I had a post written for today. I wrote it partly on Wednesday night, and partly in the very early hours of Thursday morning, while staring out my hotel window at the skyline of downtown Vancouver.
It’s a good post, it really is. It has a joke about a finding love with a purple alien and a Swedish Ivy Plant. (Now that I have re-typed that line, it may be funnier in the context of the post I wrote. Moving on)
Anyway, you will have to believe me that it’s true and real and funny because last night I realized that I can’t publish it. I am a story teller, and that means I must only tell my tales. Sometimes it’s easy – I tell you the story of flying on the float plane or how I spent my day. Some times it is my reaction to things, or my reflections on things and that’s ok, because while there are other characters, the story stays with me and I don’t invade their privacy.

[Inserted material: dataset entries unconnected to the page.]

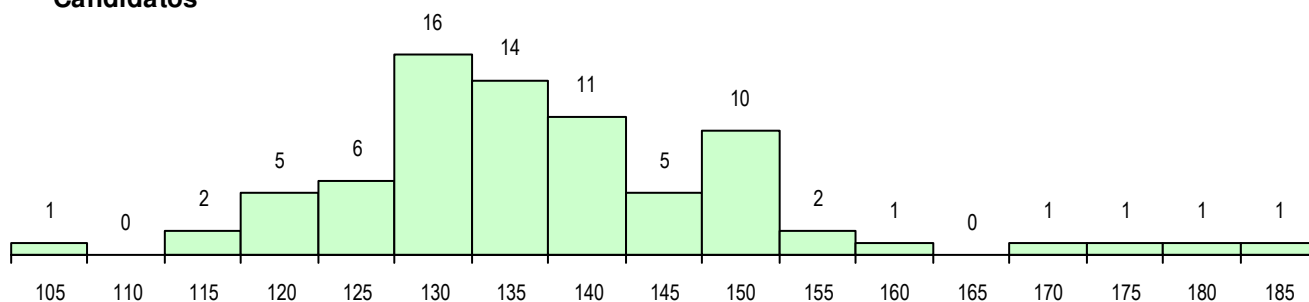

SEXO DOS CANDIDATOS

Sexo	Cands. %	Cols. %
Masc.	49 64	9 64
Femin.	28 36	5 36
Total	77	14

CURSO DO 12º ANO (15 mais frequentes)

Curso 12º ano	Cands. %	Cols. %
F60 Ciências e Tecnologias	70 91	14 100
F61 Ciências Socioeconómicas	2 3	0 0
966 Cursos EFA, Formações Modulares	1 1	0 0
R79 Técnico de Informática - Instalação	1 1	0 0
F76 Secundário de Música	1 1	0 0
C81 Recorrente - Ciências Socioeconóm	1 1	0 0
C80 Recorrente - Ciências e Tecnologia	1 1	0 0

MÉDIAS DOS COLOCADOS

Nota de candidatura	133.4
Prova de ingresso	110.9
Média do 12º ano	145.5
Média do 10º/11º ano	145.5

OPÇÕES EXCLUÍDAS

Nota candidatura (s/mínima)	0
Prova ingresso (não fez)	0
Prova ingresso (s/mínima)	0
Pré-requisito (não fez)	0

DISTRIBUIÇÕES DE NOTAS DE CANDIDATURA

Candidatos

Colocados
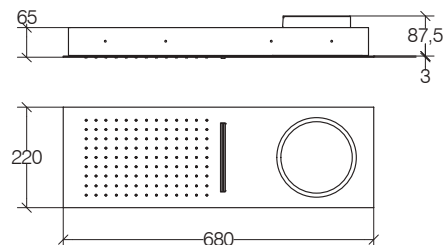

Soffione a soffitto quadro 680 x 220 mm con cascata e aspiratore vapore

Built-in square 680 x 220 mm shower head, with waterfall and steam extractor
Pomme de douche de plafond carrée 680 x 220 mm avec cascade et extracteur de vapeur
Kopfbrause quadratisch am Decken 680 x 220 mm mit Wasserfall und Dampfextraktor

new

L'articolo sarà disponibile a partire dal 01/04/2021
This article will be available starting from 01/04/2021
Cet article sera disponible à partir du 01/04/2021
Artikel erhältlich bei 01/04/2021

Acciaio inox lucido
Polished stainless steel
Acier inoxydable brillant
Poliert Edelstahl

53887	.29
€	795,00

Maybe I will have a larger role to play in this story some time in the future. I really care about the main characters in the story and I am really rooting for them to be happy, but I think we are only about mid-way through the plot. I’m waiting in the wings, yearning to be on stage because I think that when I hit the stage we will be closer to the moment they live happily ever after.
It’s not my story yet. I’m only a secondary character.
This is hard because I love the person on centre stage a lot, and I want them to be happy, but I can’t help them from where I am, and I can’t move until I hear my cue.
And so yes, I could publish the post, and it might feel a bit better to publish the post because it would feel like I was moving the action forward, except not only am I not a main character, I’m especially not the director, and this is not my story.
So, this is me. In the wings. And from here, I will affirm: Truth is often better than secrecy. Understanding is better than intolerance. Love is always better than judgement. There are many ways to be happy and not enough happiness in the world and I will not judge on how others find happiness.